*Goal of the exercise*. Where a line of the material includes the string "ribbon", copy that line.
━━━ Records
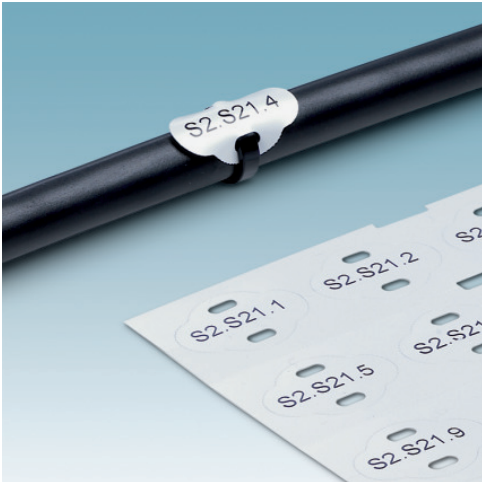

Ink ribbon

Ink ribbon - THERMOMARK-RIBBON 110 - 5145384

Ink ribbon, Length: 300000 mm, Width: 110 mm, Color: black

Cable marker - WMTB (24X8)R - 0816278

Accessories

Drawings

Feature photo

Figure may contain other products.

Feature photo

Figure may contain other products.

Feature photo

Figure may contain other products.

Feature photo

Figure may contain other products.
━━━━━━
━━━ Records
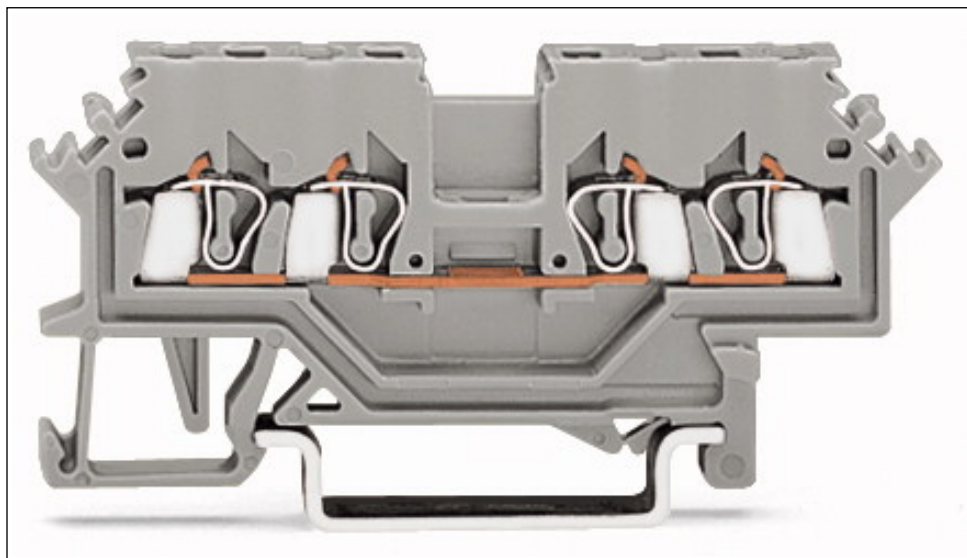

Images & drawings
━━━━━━
*Task answer*.
Ink ribbon
Ink ribbon - THERMOMARK-RIBBON 110 - 5145384
Ink ribbon, Length: 300000 mm, Width: 110 mm, Color: black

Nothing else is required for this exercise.